There are different types of hernias based on their location. The most common types are listed below.

 

  1. Inguinal hernia - These are the most common type of hernias and there are two main types of Inguinal Hernias. They are called Direct and Indirect hernias. These hernias can appear as a bulge in the groin or protrude into the top of the scrotum depending on the exact type and size of hernia that is present.
  2. A Direct Inguinal hernia is a protrusion of abdominal contents and it's lining (peritoneum) through the lower abdominal wall.
  3. An Indirect Inguinal hernia is a protrusion of abdominal contents and it's lining (peritoneum) through the inguinal canal. The Inguinal canal is a series of small openings like a passage way, through the layers of the abdominal wall in the groin, which the blood supply and vas deferens for the testicles in the male travel. In the female, the round ligament of the uterus is the only structure that travels through the inguinal canal. The inguinal canal is recognized as one of the several weak points in the abdominal wall where a hernia could develop. Inguinal hernias are more common in men than women.
  4. Femoral hernia - This type of groin hernia can appear as a bulge in the upper thigh. A femoral hernia is a loop of intestine, or another part of the abdominal contents, that has been forced out of the abdomen through a channel called the "femoral canal" - a tube-shaped passage at the top and front of the thigh. This type of hernia tends to occur in older people and is more common in women than in men.
  5. Incisional hernia - Is a Hernia that has formed through an incision (scar) from previous abdominal surgery that a patient has undergone.
  6. Umbilical hernia - Umbilical hernia is a small bulge around the umbilicus (belly button). An umbilical hernia in an infant is caused by the incomplete closure of the muscles around the umbilicus.
  7. Hiatus hernia - Normally, the stomach is completely below the diaphragm. A hiatus hernia is when part of the stomach slides through the diaphragm, the muscular sheet that separates the lungs and chest from the abdomen.

 

 RISK FACTORS


Risk Factors for Hernias in general include:

 

  • Family history of hernias
  • Overweight or Obesity
  • Undescended testes in an infant male
  • Any condition that increases the abdominal pressure is a potential risk factor for abdominal hernias

 

Some examples include: chronic coughing, chronic constipation, enlarged prostate causing straining with urination, and carrying or pushing heavy loads at work or sport for instance.

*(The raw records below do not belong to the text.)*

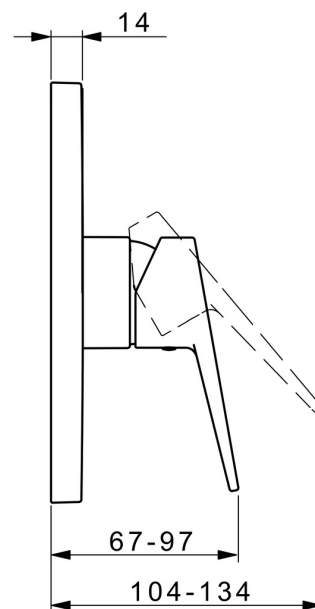

EAN: 4057304015823

[static.hansa.com/8985908333](https://static.hansa.com/8985908333)

- Řešení pro sprchy
- Jednopáková, Sada pro konečnou montáž
- Podomítková instalace
- Černá matná
- Páka se symboly teplé a studené vody, Jedna ovládací páka / rukojeť
- Funkce pro nastavení maximální teploty a průtoku vody, Nastavitelný omezovač teploty vody (součástí dodávky, možnost dodatečné instalace)
- ø 35 mm keramická kartuše pro ovládání teploty a průtoku vody
- Tělo baterie z mosazi DZR
- BLUECLICK - pro snadnou bezšroubovou instalaci vnější krytky, Funkční jednotka, Funkční jednotka připevněná šrouby, Hranatá rozeta

### SP8985908333

	Název	Kód
01	Páka Černá matná	1019260V-33
02	Šroub, M5x8, SW2.5	59904755
03	Šroub, M4.5x80	59912890
04	Upevňovací část	59914511
05	Funkční jednotka, 3.5	59914303
06	Šroub rukáv, M38x1	59912115
07	Kartuše, 3.5 Classic	59913075
08	O-kroužek, 23.47x2.62	59914304
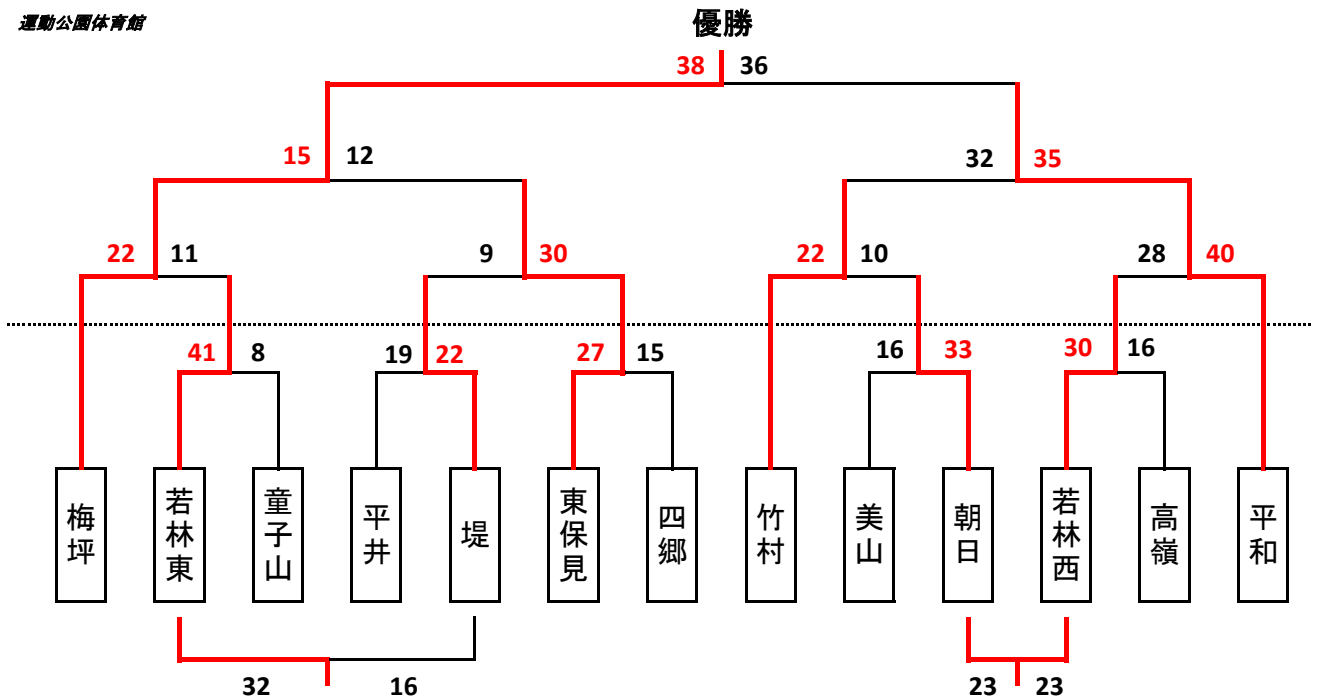

会場	Jブロック	中山	朝日	寿恵野	勝敗	順位
	中山	14-52	19-18	1-1	2	
	朝日		39-8	2-0	1	
	寿恵野			0-2	3	

会場	Kブロック	根川	拳母	若林西	勝敗	順位
	根川	16-18	16-34	0-2	3	
	拳母		10-46	1-1	2	
	若林西			2-0	1	

会場	Lブロック	浄水北	高嶺	野見A	勝敗	順位
	浄水北	6-32	34-12	1-1	2	
	高嶺		50-16	2-0	1	
	野見A			0-2	3	

会場	Mブロック	平和	井上	野見B	勝敗	順位
	平和	35-8	46-8	2-0	1	
	井上		63-6	1-1	2	
	野見B			0-2	3	

小学校の部

【男子】 決勝トーナメント 7月30日

運動公園体育館

【女子】 3決

【女子】 決勝トーナメント 7月30日

運動公園体育館

第38回市民総体		優勝		準優勝	3位	3位
男子	チーム	中山小A	中山小A	山之手小	東保見小	梅坪小
	優秀選手	西川 京吾	牟田口 敦司	水田 泰	柳 弥志	朝原 陽太
女子	チーム	梅坪小	梅坪小	平和小	竹村小	東保見小
	優秀選手	鏡味 夏芽	松井 陽菜	永池 杏実	濱田 希愛	濱口 可憐
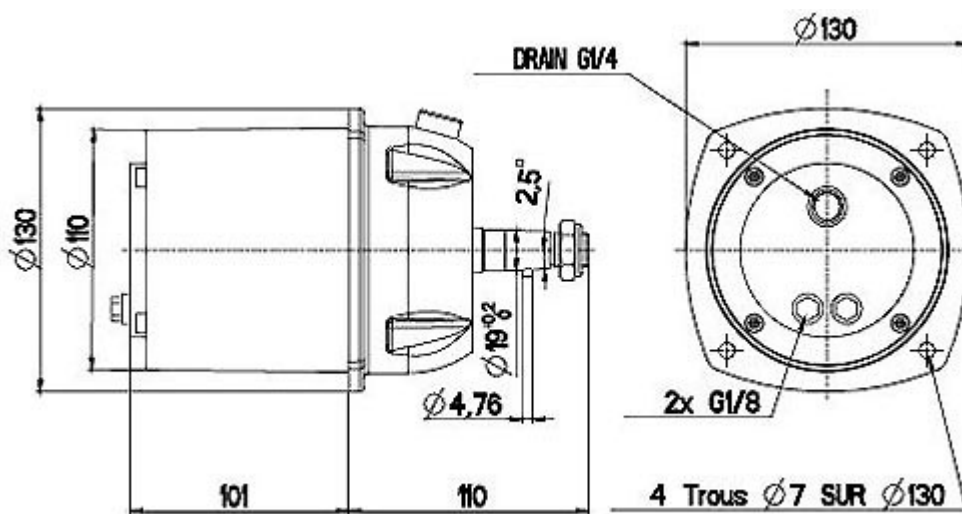

LS 2428

Pump 2202276 241 HB

Flödeshastighet: 24 CC/Rattvarv

Antal kolvar: 5 st

Vikt: 2,7 kg

Volym: 400 CC

Rek ratt diameter: 340 mm

Rattvarv: 4

Cylinder 2202275 VHM EX 281

Why should hernias be repaired?

Once a hernia has developed it will tend to enlarge and cause discomfort. If a loop of bowel gets caught in the hernia it may become obstructed or its blood supply may be cut off. This could then become a life-threatening situation. Since hernias can be repaired effectively and with minimal risk most surgeons therefore recommend that hernias be repaired when diagnosed unless there are other serious medical problems.

What are my options?

Wearing a truss or binder may temporarily alleviate symptoms but will not cure the hernia. Only surgery corrects the defect in the belly wall.

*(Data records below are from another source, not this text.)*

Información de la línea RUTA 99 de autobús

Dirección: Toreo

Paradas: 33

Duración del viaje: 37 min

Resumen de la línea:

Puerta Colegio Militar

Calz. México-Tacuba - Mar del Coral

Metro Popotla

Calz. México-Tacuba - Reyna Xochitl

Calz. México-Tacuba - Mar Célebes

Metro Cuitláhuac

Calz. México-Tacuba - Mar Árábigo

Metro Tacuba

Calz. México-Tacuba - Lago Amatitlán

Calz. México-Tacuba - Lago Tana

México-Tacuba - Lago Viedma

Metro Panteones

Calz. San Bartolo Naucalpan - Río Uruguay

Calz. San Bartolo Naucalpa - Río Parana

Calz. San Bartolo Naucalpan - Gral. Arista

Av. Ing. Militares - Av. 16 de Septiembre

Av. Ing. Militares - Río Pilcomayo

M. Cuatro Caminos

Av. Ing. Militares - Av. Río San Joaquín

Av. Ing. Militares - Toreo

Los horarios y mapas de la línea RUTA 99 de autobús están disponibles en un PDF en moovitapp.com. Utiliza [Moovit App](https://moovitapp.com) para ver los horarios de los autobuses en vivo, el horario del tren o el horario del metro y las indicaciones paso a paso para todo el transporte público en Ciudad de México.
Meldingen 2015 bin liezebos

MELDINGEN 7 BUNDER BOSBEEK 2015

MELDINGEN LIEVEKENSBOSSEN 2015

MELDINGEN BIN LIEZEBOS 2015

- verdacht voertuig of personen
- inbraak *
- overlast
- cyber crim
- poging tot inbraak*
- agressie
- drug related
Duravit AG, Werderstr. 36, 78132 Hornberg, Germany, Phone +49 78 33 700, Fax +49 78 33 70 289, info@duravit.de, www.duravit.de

Traditional repair techniques involve pulling together muscles and ligaments for reinforcement. Since muscles are soft and movable, while ligaments remain rigid and stationary, these structures can separate over time causing hernia recurrence. In fact, approximately 10% of hernias do recur.

How are hernias repaired?

The standard method of hernia repair involves making an incision in the abdominal wall. Normal healthy tissues are cut until the area of weakness is found. This area, the hernia, is then repaired with sutures (stitches). Usually a prosthetic material such as nylon is used to strengthen the area of weakness. (A nylon mesh patch or plug). Finally the skin and other healthy tissues that were cut at the beginning are stitched back together to complete the repair.

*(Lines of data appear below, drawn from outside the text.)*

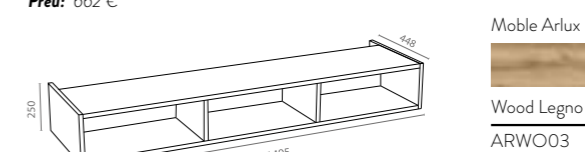

C05. Coqueta 1 calaix / Barres 2 modular
Preu: 441 €

Q21. Victoria Metallic
Preu: 127 €

F22. Taulell sense lavabo
Preu: 345 €

C46. Decoratiu obert 3 forats + il·luminació
Preu: 662 €

Q20. Làmpada Ceiling
Preu: 163 €
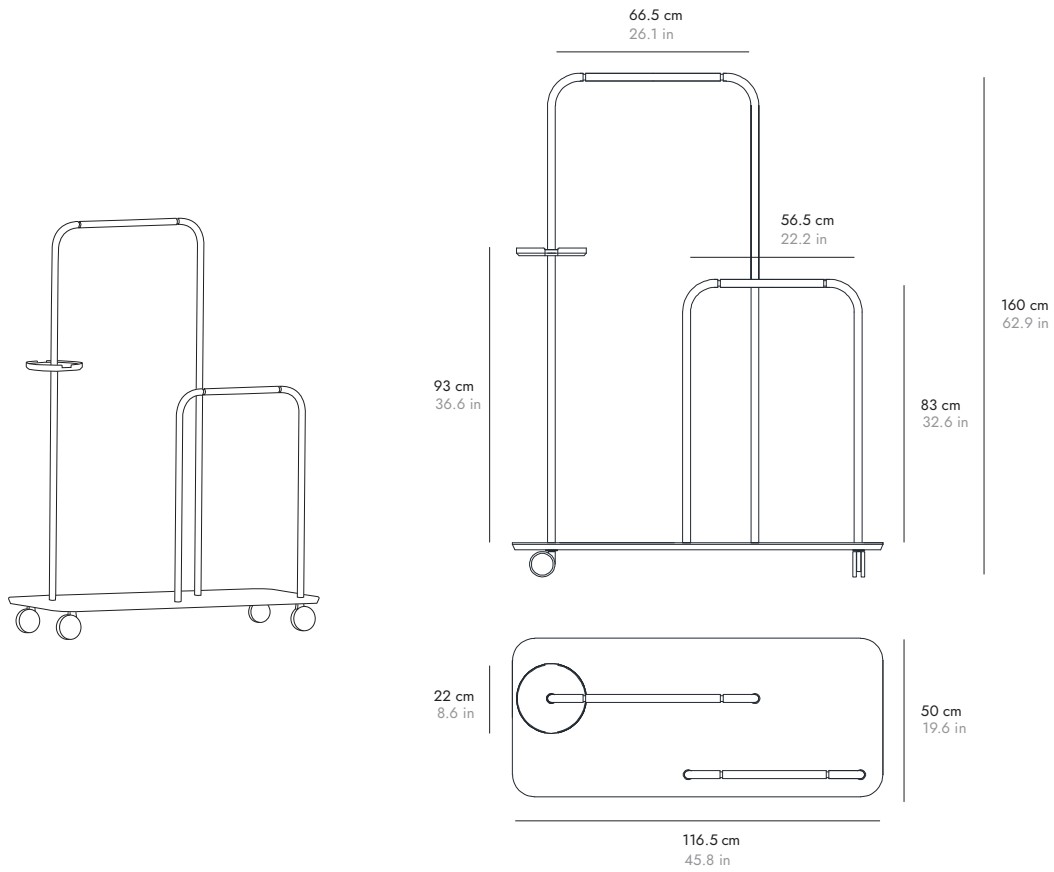

TIPOLOGÍA DE PRODUCTO

Perchero

Platel, el galán de noche diseñado por el estudio Note Design, representa la simbiosis perfecta entre funcionalidad y belleza. Una pieza capaz de aprovechar el espacio al máximo gracias a sus diferentes perchas y su vaciabsillos, pero que no renuncia a aportar calidez mediante el uso de la madera en su base. Además, dispone de ruedas lo que permite transportarlo y ubicarlo en cualquier parte con facilidad.

DETAILS DETALLES

PLATEL

BY NOTE DESIGN STUDIO, 2014

punt

DIMENSIONS DIMENSIONES

PLT102

MATERIALS

Hangers.
Thermo-lacquered tubular metal structure.

Base.
Base de tablero de MDF E1 (bajo contenido en formaldehído) aplacado en madera en roble.

Ruedas.
2 ruedas con freno y 2 ruedas sin freno.

Frame Estructura

WHITE
BLANCO
BLANC
WEISS
BIANCO

BLACK
NEGRO
NOIR
SCHWARZ
NERO
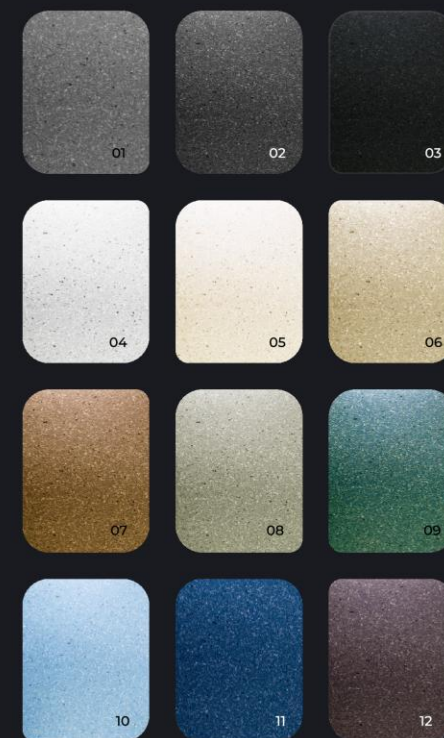

ЦВЕТА ФАКТУРЫ

01 Серый бетон	07 Оранжевый
02 Графитовый	08 Оливка
03 Черный	09 Малахит
04 Белый	10 Голубой
05 Слоновая кость	11 Синий
06 Песочный	12 Бронза

* Предоставляем возможность выбора любого цвета из нашей палитры, либо изготовим для вас уникальный цвет.
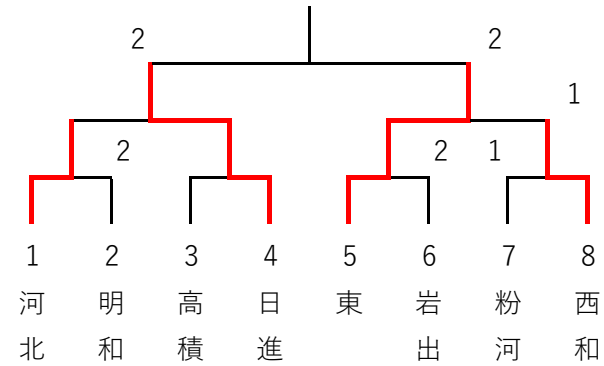

【2-3】 【2-4】 【3-4】

第3回和歌山県強化練習会・女子団体 (和歌山市立河南体育館 3.21)

④ 10, 11	日進	粉河	下津第二	桐蔭	順位
日進 (和歌山)		3-1	3-0	3-0	1
粉河 (那賀)	1-3		3-1	3-1	2
下津第二 (海南)	0-3	1-3		3-1	3
桐蔭 (和歌山)	0-3	1-3	1-3		4

⑤ 12, 13	東	高積	打田	富田	順位
東 (和歌山)		3-0	3-0	3-0	1
高積 (和歌山)	0-3		3-0	3-2	2
打田 (那賀)	0-3	0-3		1-3	4
富田 (西牟婁)	0-3	2-3	3-1		3

⑥ 14, 15	西和	吉備	明和	南部	順位
西和 (和歌山)		3-0	3-0	3-1	1
吉備 (有田)	0-3		1-3	3-2	3
明和 (和歌山)	0-3	3-1		3-0	2
南部 (日高)	1-3	2-3	0-3		4

⑦ 16, 17	河北	河西	岩出	東陽,石垣,貴志川	順位
河北 (和歌山)		3-0	2-3	3-1	1
河西 (和歌山)	0-3		3-2	3-1	3
岩出 (那賀)	3-2	2-3		3-2	2
東陽,石垣,貴志川 (西牟婁,有田)	1-3	1-3	2-3		4

【1, 2位トーナメント】

【3, 4位トーナメント】

【進行についての注意事項】

※予選・決勝ともに3点先取で打ち切り

※試合の順序

4校リーグ…【1-4】【1-3】【1-2】

【2-3】【2-4】【3-4】
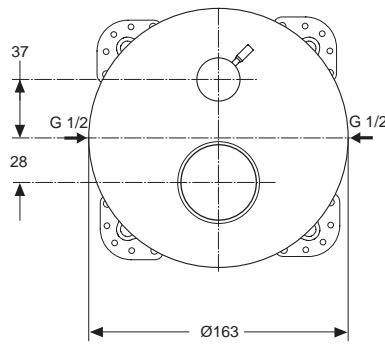

Oberflächen

AA Chrom

Produkt

UP-Bade-Thermostatatterie G1/2 mit Umschaltung

Unterputzkörper EASY-Box

Artikel-Nr.

A5473AA

Durchfluss bei 3 bar

A1000NU
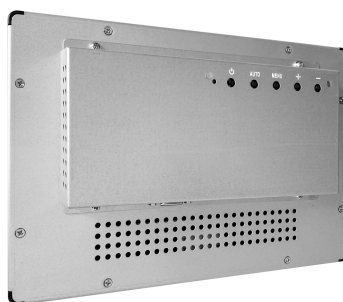

Артикул TGM101RPEH

Цена 55 547 RUB

* ЦЕНА АКТУАЛЬНА НА МОМЕНТ ФОРМИРОВАНИЯ ДОКУМЕНТА: 07.07.2026

10,1" ВСТРАИВАЕМЫЙ ПРОМЫШЛЕННЫЙ ПРОЕКЦИОННО-ЕМКОСТНЫЙ СЕНСОРНЫЙ МОНИТОР OPEN FRAME, ДО 10 КАСАНИЙ, HDMI, PUREFLAT-СЕРИЯ

ОБЩЕЕ

Модель	TGM101RPE
Тип монитора	встраиваемый Open Frame (изнутри)
Серия	PureFlat
Корпус монитора	металлический
Тип защиты	металлический корпус, антивандальное стекло, передня...

ОСНОВНЫЕ ХАРАКТЕРИСТИКИ

Размер (диагональ)	10,1"
Соотношение сторон	16:10
Активная область (Ш×В)	217,6×136,2 мм
Ширина монитора	260 мм
Высота монитора	178 мм
Глубина монитора	38 мм

ДИСПЛЕЙ

Тип матрицы	активная матрица TFT-LED
Разрешение дисплея	1280×800
Количество цветов	16,7 млн.
Яркость	250 кд/м ²
Угол обзора горизонтальный	влево 85° / вправо 85°
Угол обзора вертикальный	вверх 85° / вниз 85°
Коэффициент контрастности (...)	600:1
Частота развёртки	30...80 КГц / 60...75 Гц

How does the laparoscopic method differ?

With the laparoscopic repair the defect in the abdominal wall is repaired from the inside of the abdominal cavity. This method is usually only used for groin hernias. Instead of closing or patching the repair from the outside the patch is secured in place from the inside. This eliminates the necessity of cutting the skin and normal tissues of the groin to get down to and repair the hernia.